Assignment: Copy every line of the data that includes the string "Seal".

====

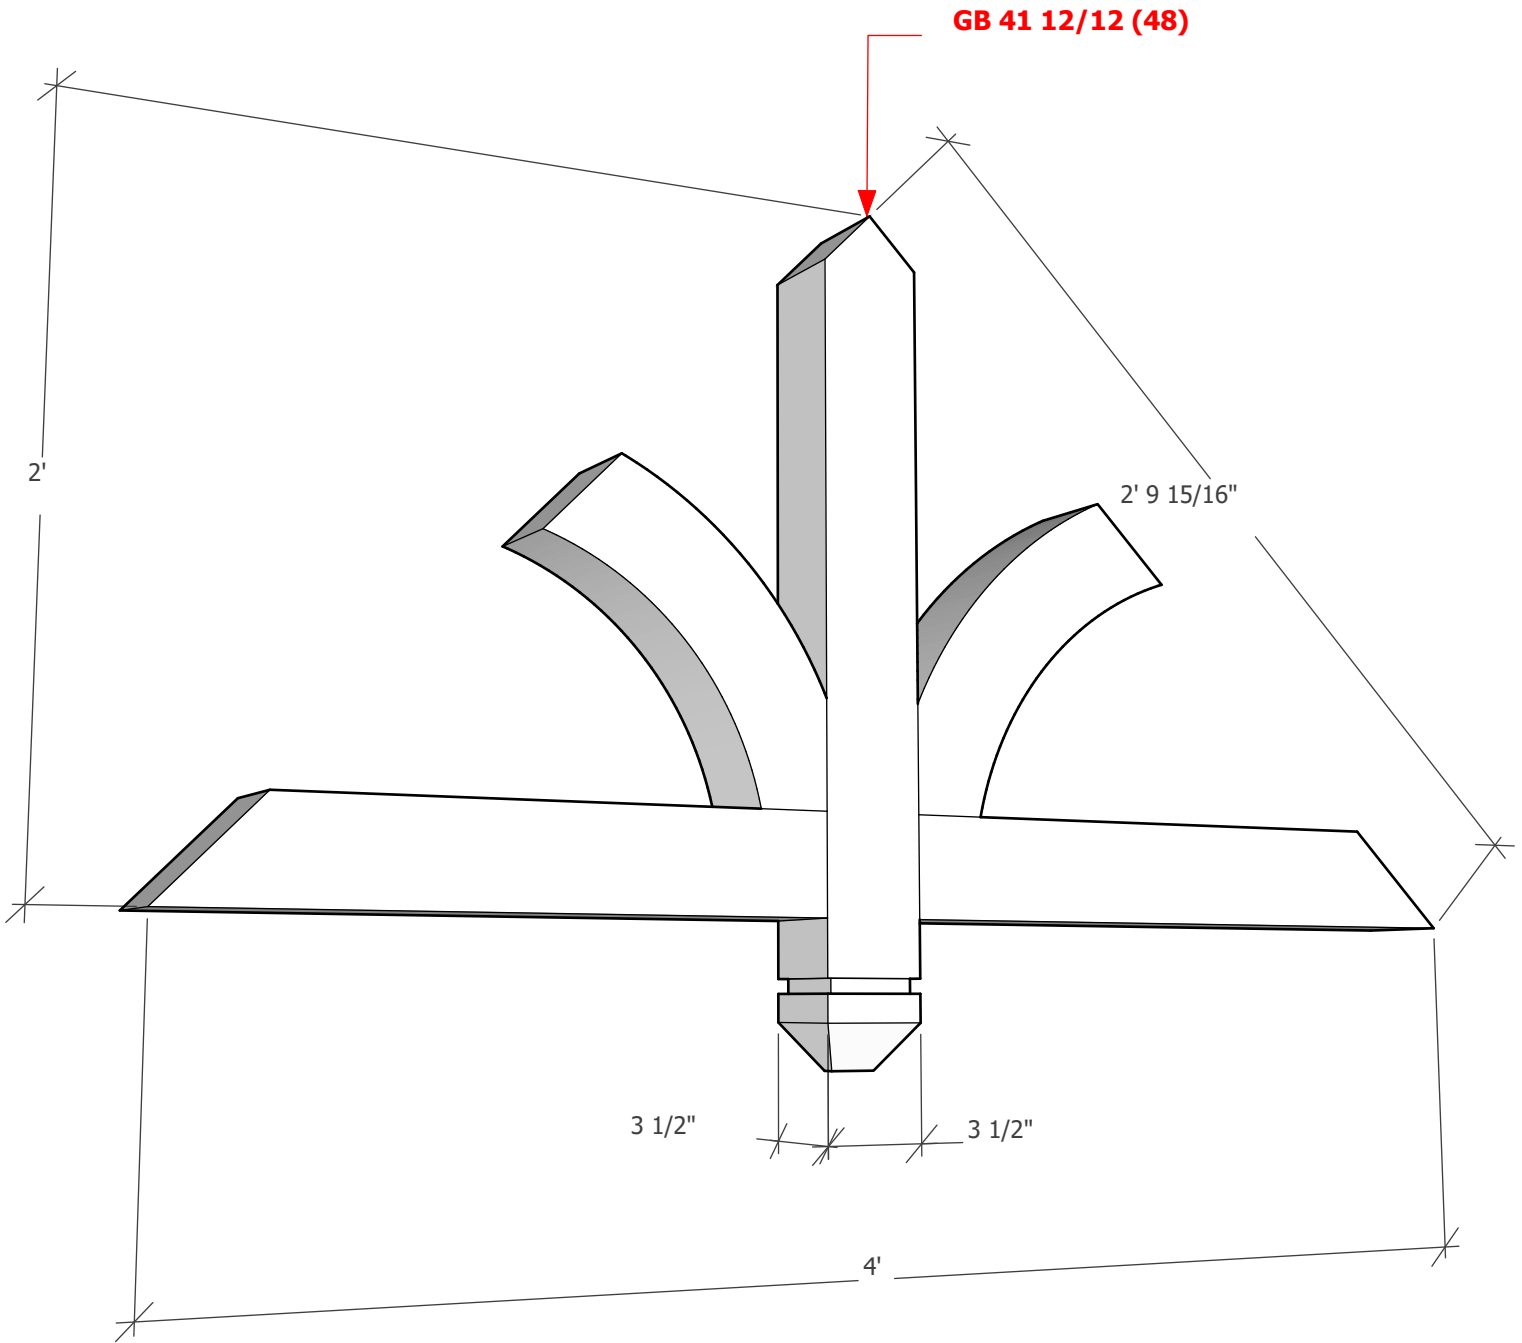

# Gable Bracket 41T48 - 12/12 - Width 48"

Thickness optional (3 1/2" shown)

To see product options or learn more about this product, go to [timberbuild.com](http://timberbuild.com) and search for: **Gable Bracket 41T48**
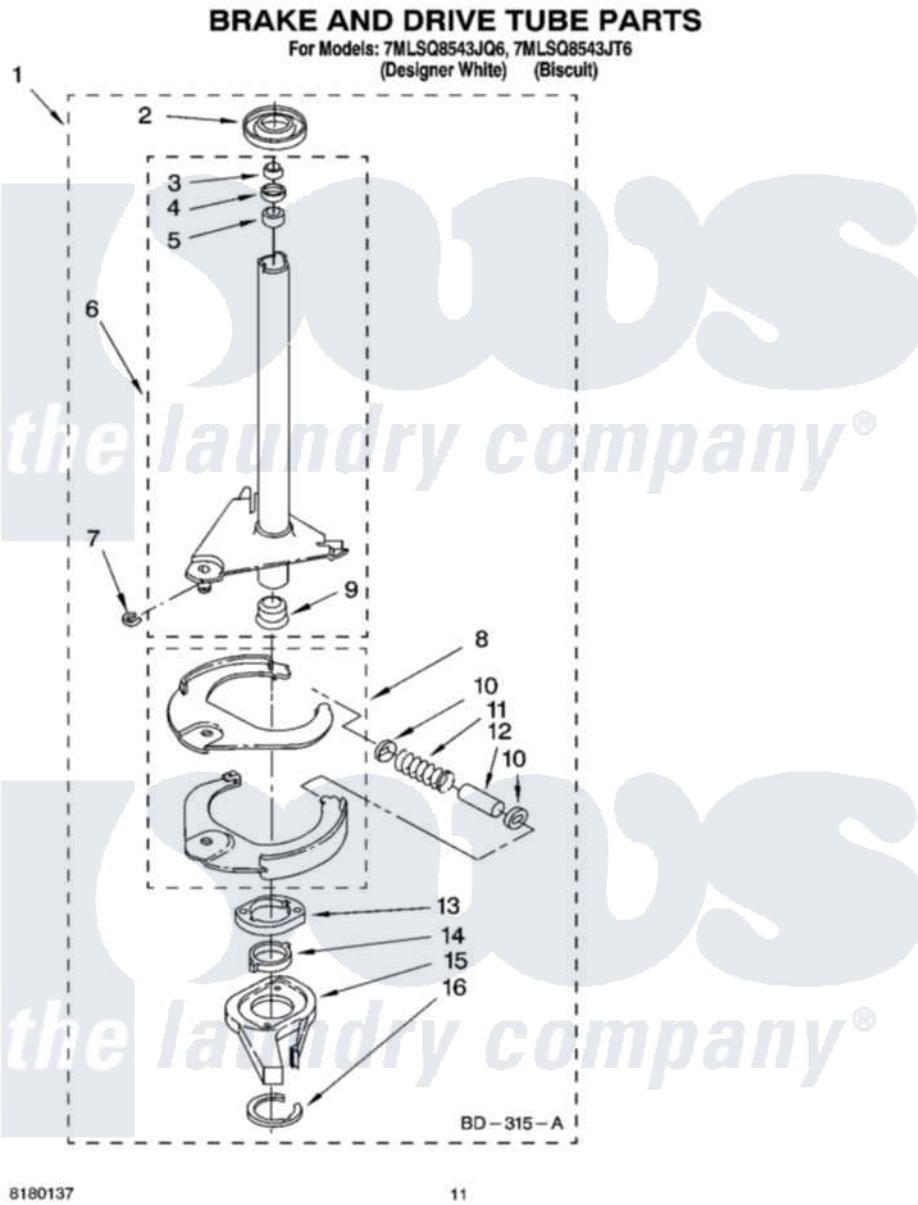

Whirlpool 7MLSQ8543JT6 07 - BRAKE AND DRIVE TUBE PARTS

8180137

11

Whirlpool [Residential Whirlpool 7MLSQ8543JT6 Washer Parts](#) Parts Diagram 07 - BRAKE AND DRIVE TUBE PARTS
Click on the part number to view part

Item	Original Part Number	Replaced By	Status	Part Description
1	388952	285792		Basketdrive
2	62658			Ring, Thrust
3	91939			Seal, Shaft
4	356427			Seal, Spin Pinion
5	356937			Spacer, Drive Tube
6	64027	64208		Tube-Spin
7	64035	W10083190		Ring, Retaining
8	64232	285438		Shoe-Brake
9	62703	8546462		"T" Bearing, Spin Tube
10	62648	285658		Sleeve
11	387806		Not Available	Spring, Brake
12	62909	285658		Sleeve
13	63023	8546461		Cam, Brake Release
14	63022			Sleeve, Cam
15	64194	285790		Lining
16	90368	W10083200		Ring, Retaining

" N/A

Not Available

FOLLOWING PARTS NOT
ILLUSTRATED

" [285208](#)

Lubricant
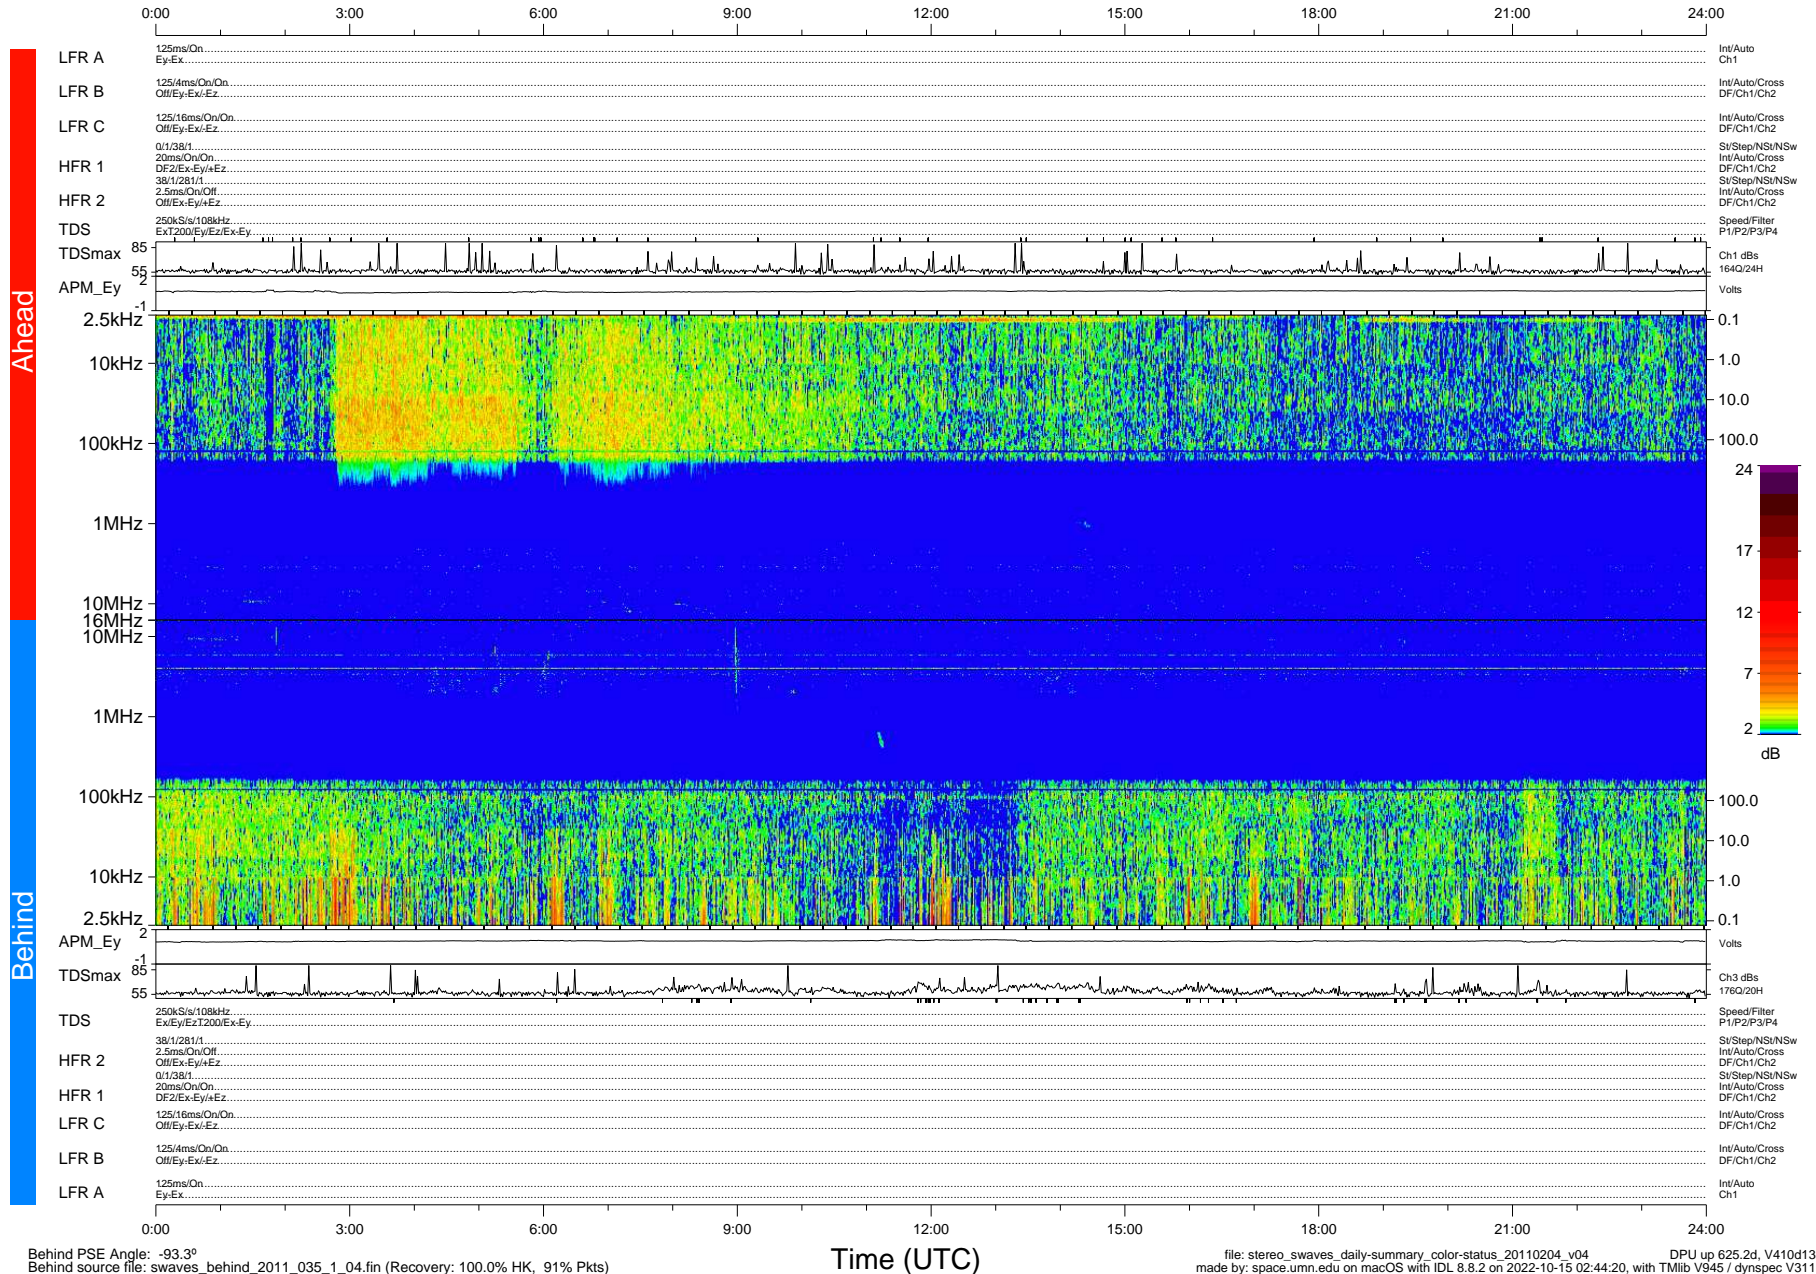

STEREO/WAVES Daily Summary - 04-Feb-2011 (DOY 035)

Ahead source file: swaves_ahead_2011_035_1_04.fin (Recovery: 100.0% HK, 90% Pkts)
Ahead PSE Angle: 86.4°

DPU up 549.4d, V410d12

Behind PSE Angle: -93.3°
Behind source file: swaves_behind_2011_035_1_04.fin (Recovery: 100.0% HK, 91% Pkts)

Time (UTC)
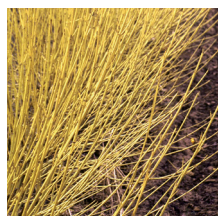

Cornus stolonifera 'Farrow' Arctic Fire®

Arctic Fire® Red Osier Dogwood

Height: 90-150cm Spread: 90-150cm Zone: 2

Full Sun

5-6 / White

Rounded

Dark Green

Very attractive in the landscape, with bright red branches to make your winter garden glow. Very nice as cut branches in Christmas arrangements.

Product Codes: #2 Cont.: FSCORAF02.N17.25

====

Answer to this exercise:
3	91939			Seal, Shaft
4	356427			Seal, Spin Pinion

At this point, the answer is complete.